◆ **Required action**: Please filter the data below down to the lines holding the string "CLAMP".

======== Data supplied

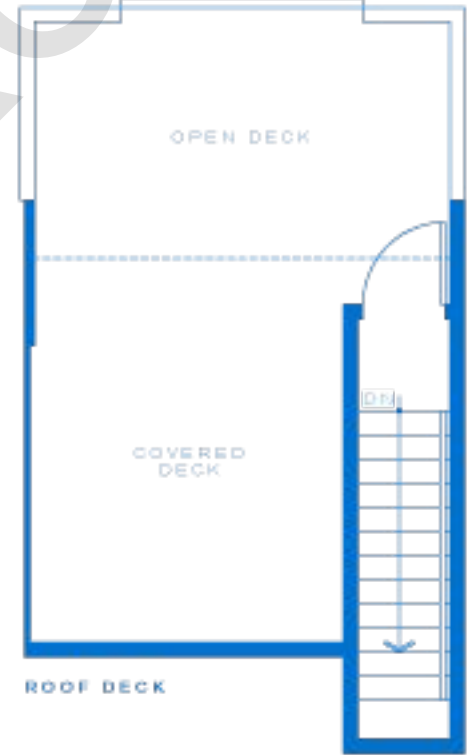

Affinity A Plan

Benefit B Plan

Benefit B! Plan

Classic C Plan

4 BEDROOMS
3 1/2 BATHROOMS

1,817 SQUARE FEET

UNITS 18, 19, 24, 31, 42, 43,
46, 47, 52

4 BEDROOMS
3 1/2 BATHROOMS
1,877 SQUARE FEET
UNITS 18, 19, 21, 22, 38, 40, 49, 50
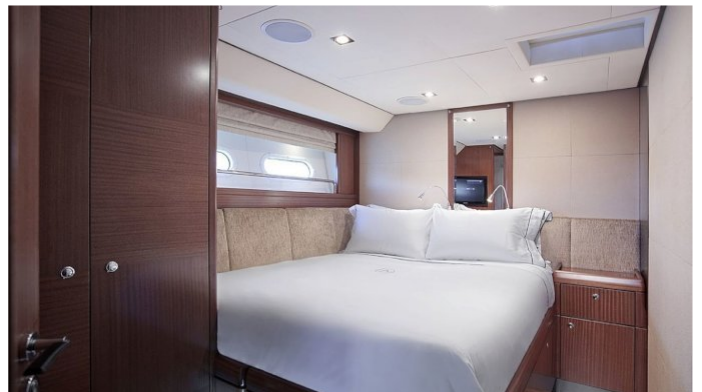

YEAR
2010

CRUISING SPEED
11 Knots

ACCOMMODATION

GUESTS	CABINS	CREW
6	3	3

CABIN CONFIGURATION

1 Master 1 Double
1 Twin

CHARTER RATES

Details correct as of 21 Jan, 2019

FOR MORE INFORMATION:

[CLICK HERE](#) 

or SCAN QR CODE

MORE PHOTOS, VIDEO OR INTERACTIVE DECK PLANS:

[CLICK HERE](#)

TWO YACHT CHARTER

Superyacht TWO was built in 2010 by Alia Yacht. She is a 25m / 82ft sail yacht with exterior design by Warwick Yacht Design and interior styling by Warwick Yacht Design. TWO offers accommodation for up to 6 guests in 3 cabins with additional room for her crew of 3. She features a variety of amenities to ensure comfortable charter vacations, including Air Conditioning and WiFi connection on board. She also carries an impressive collection of toys as listed below.

TWO AMENITIES & TOYS

Air Conditioning

Wi Fi

For a full up-to-date list of leisure facilities or amenities onboard Sail Yacht Two please contact your Yacht Charter Broker prior to booking your vacation. If there is a particular water toy that you would like, but it is not listed, then it may be possible to rent this equipment for you.
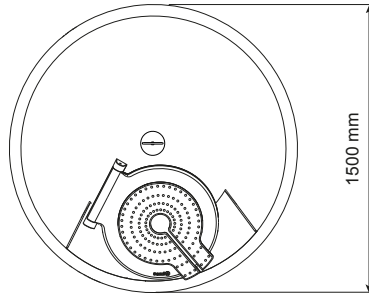

SemiQ 1,5

SemiQ 3,0

SemiQ 5,0

Cover types

Standard lid

Double standard lid

Security drum

Inlet openings
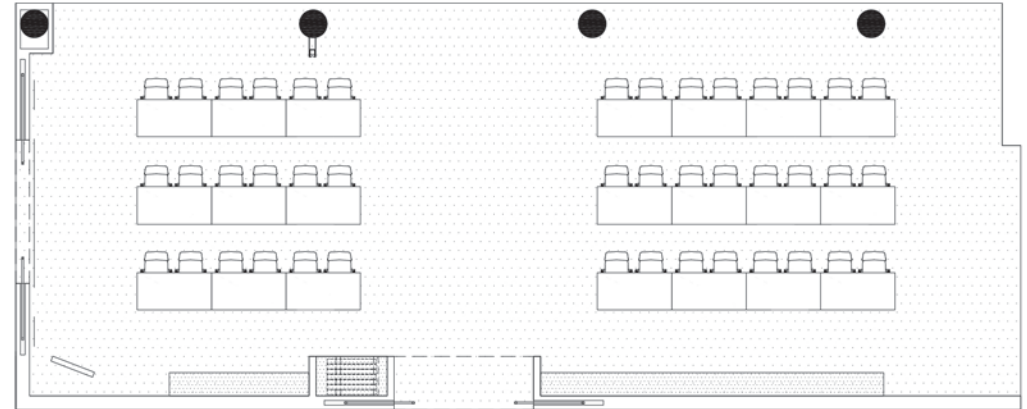

CLASSROOM STYLE

FUNCTION ROOM
42 people

Level 3, 550 Bourke Street, Melbourne 3000
(P) 03-9918-9000 (F) 03-9918-9001 (W) www.deakinprime.com
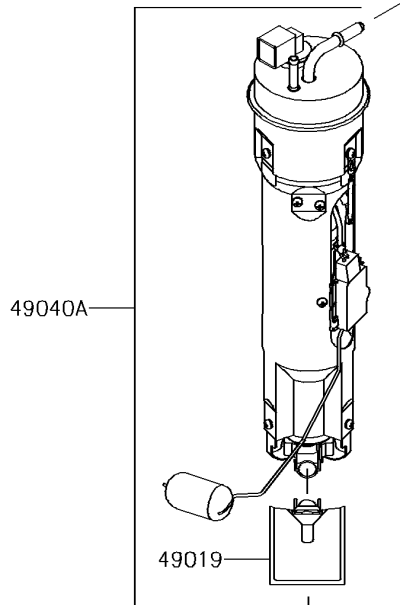

## 2014 Jet Ski® Ultra® 310X PARTS DIAGRAM

Fuel Pump

E1520

## 2014 Jet Ski® Ultra® 310X PARTS LIST

Fuel Pump

ITEM NAME	PART NUMBER	QUANTITY
HOLDER (Ref # 13280)	13280-0729	1
PUMP-FUEL (Ref # 49040)	49040-0712	1
TUBE-ASSY,FUEL (Ref # 51044A)	51044-3707	1
CLAMP (Ref # 92170)	92170-3760	1
CLAMP (Ref # 92171)	92171-3716	1
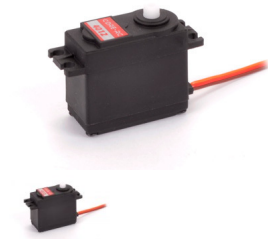

Core CR4012 4KG Servo

Rating: Not Rated Yet

Price

Sales price £7.95

Discount

[Ask a question about this product](#)

Description

•

CORE RC - 4012 - Servo 4Kg .12 Sec

4012 - Servo 4Kg .12 Sec

Specification

Weight - 42g

Speed - 0.12s (6v)

Torque - 4.0 gk/cm

Dimensions - 41 x 38.0 x 20.0mm

25T Spline

Reviews

There are yet no reviews for this product.
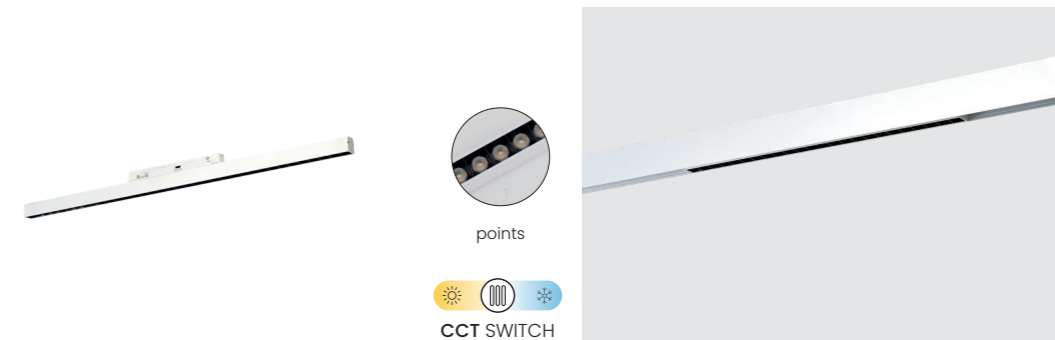

ALFA KIRA TRACK MAGNETIC 2LINE 36W CCT SWITCH DIMM

Voltage 48V	Light source 1 x LED Integrated	Power 36W
Lumens 2880lm	Kelvins 3000 / 4000 / 7000K	Beam angle 36°
CRI ≥ 90	Protection level IP20	Dimmable Yes
CCT Yes	Type of control CCT Switch Triac Dimmer	Material Aluminium / PVC
Finish Matt		

- black AZ6242
- white / black ..... AZ6504 **NEW**

2LINE
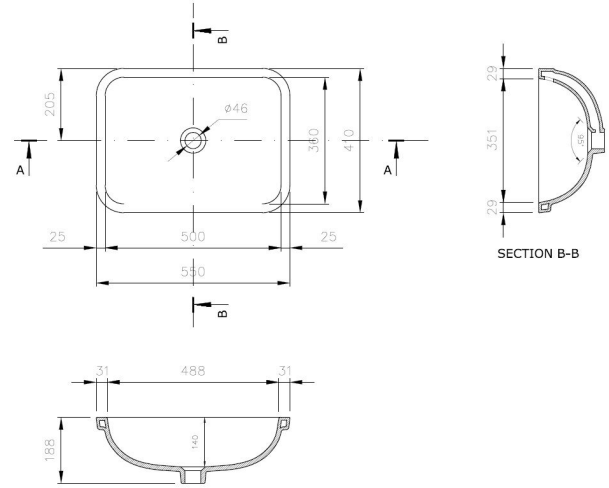

## Fino 55 X 41 Under Counter Basin - Gloss White

**Code:** FI5500UCB

TRADITIONAL & HAMPTONS STYLE SPECIALISTS

### Specifications

- Material: Fine fireclay
- Finish: Gloss White
- Requires waste: 32mm with overflow
- Tap Holes Available: None
- Mounting options: Under Counter

================

◆ **Solution for this exercise**:
CLAMP (Ref # 92170)	92170-3760	1
CLAMP (Ref # 92171)	92171-3716	1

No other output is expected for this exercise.